Je m’appelle Alice, j’ai quinze ans. Je ne sais pas ce que je vais faire de ces pages, ni si quelqu’un les lira un jour. Peut-être que je vais les déchirer ou les brûler sitôt après les avoir écrites. Peut-être que non. Mais si je ne les écris pas maintenant, putain je vais devenir dingue. J’ai été violée. Pas par un seul salopard, non — mais par plusieurs immondes pourritures. Une nuit d’été. Violée…
Le journal d’Alice était l’une des choses les plus pénibles qu’il lui eût été donné de lire. Une lecture atroce… Le journal intime d’une adolescente fait de dessins, de poèmes, de phrases sibyllines. Au cours de la nuit, alors que l’aube s’approchait avec la lenteur d’un animal craintif, il avait été tenté de le jeter dans la corbeille. Il y avait pourtant peu d’informations concrètes dans ces carnets — plutôt des allusions et des sous-entendus. Cependant, quelques faits apparaissaient clairement. Au cours de l’été 1992, Alice Ferrand avait séjourné au camp de vacances aujourd’hui désaffecté des Isards. Celui-là même devant lequel Servaz était passé en se rendant à l’Institut Wargnier, celui qu’avait évoqué Saint-Cyr, celui dont la photo était épinglée dans sa chambre. Du temps où elle fonctionnait, la Colonie des Isards accueillait, l’été venu, les enfants de Saint-Martin et des vallées voisines appartenant à des familles trop modestes pour leur offrir des vacances. C’était une tradition locale. Alice, qui avait quelques-unes de ses meilleures amies envoyées au camp cette année-là, avait demandé à ses parents la permission de se joindre à elles.
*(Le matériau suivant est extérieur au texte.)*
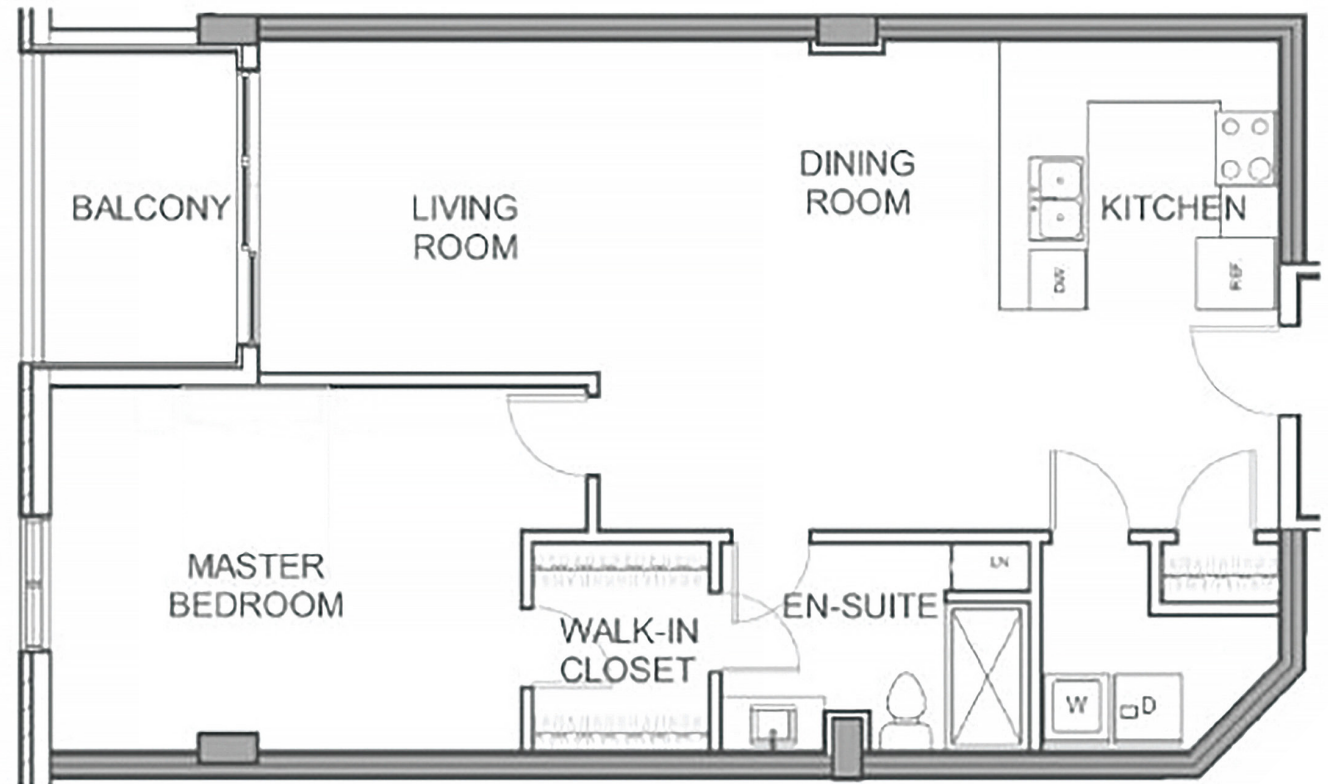

# Suite E

**807** sq ft

79 Holtwood Court

All room measurements are preliminary based on current building concept and unit configurations and are subject to change.

# Suite B

**905 sq ft**

79 Holtwood Court

All room measurements are preliminary based on current building concept and unit configurations and are subject to change.

# Suite B1

**905 sq ft**

79 Holtwood Court

All room measurements are preliminary based on current building concept and unit configurations and are subject to change.
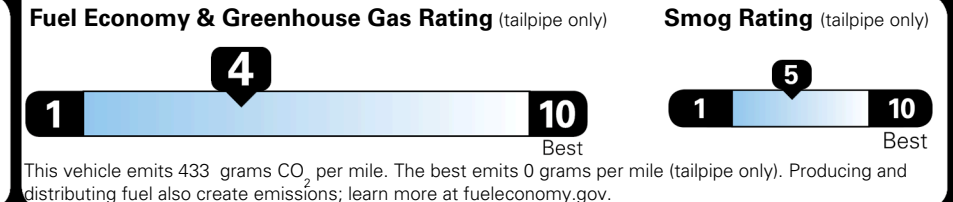

Inland Freight & Handling : \$1,495.00

TOTAL PRICE: \$67,175.00

EPA DOT Fuel Economy and Environment

Gasoline Vehicle

Fuel Economy

21 MPG
 combined city/hwy

18 MPG
 city

25 MPG
 highway

4.8 gallons per 100 miles

Small SUVs range from 14 to 125 MPG. The best vehicle rates 146 MPGe.

You spend \$6,250
 more in fuel costs over 5 years compared to the average new vehicle.

Annual fuel cost \$2,950
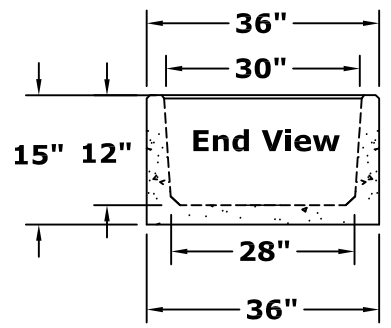

**Molds of Bethlehem, Inc.**  
**Subsidiary of Bethlehem Manufacturing Co., Inc.**  
**36 Bethlehem Mfg. Lane**  
**Hickory, North Carolina 28601**  
**(800) 659-7815 • (828) 495-4381 FAX**

10 Feet .55 YDS. = 2,200 LBS.

Shown With  
Optional Legs  
Form  
Pours with or  
without legs

Top  
Beveled  
Edges

Top View

End View

Side View

This drawing is the property of Bethlehem Mfg. Co., Inc. and may not be reproduced, published, or used in any way without written permission of Bethlehem Mfg. Co., Inc.
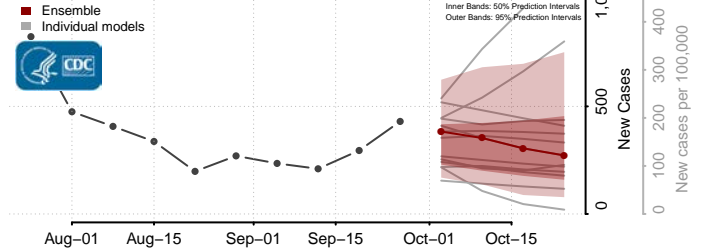

National

Alabama*

Autauga County, Alabama

Baldwin County, Alabama

Barbour County, Alabama

Bibb County, Alabama

*New weekly cases may decrease in this location over the next four weeks. For these locations, the ensemble forecast indicates a probability of 0.75 or greater that fewer cases will be reported in week four of the forecast than in the last reported week.

Ils avaient d’abord hésité, puis accepté. Alice faisait remarquer qu’ils n’avaient pas pris cette décision dans le seul but de lui faire plaisir, mais aussi parce qu’elle était conforme en fin de compte à leur idéal d’égalité et de justice sociale. Elle ajoutait qu’ils avaient pris ce jour-là « la décision la plus tragique de leur existence ». Alice n’en voulait pas à ses parents. Ni à elle-même. Elle en voulait aux « PORCS », aux « SALAUDS », aux « NAZIS » (ces mots en grosses capitales à l’encre rouge) qui avaient dévasté sa vie. Elle aurait voulu « les castrer, les émasculer, leur trancher la bite avec un couteau rouillé et les obliger à la manger — et ensuite les tuer ».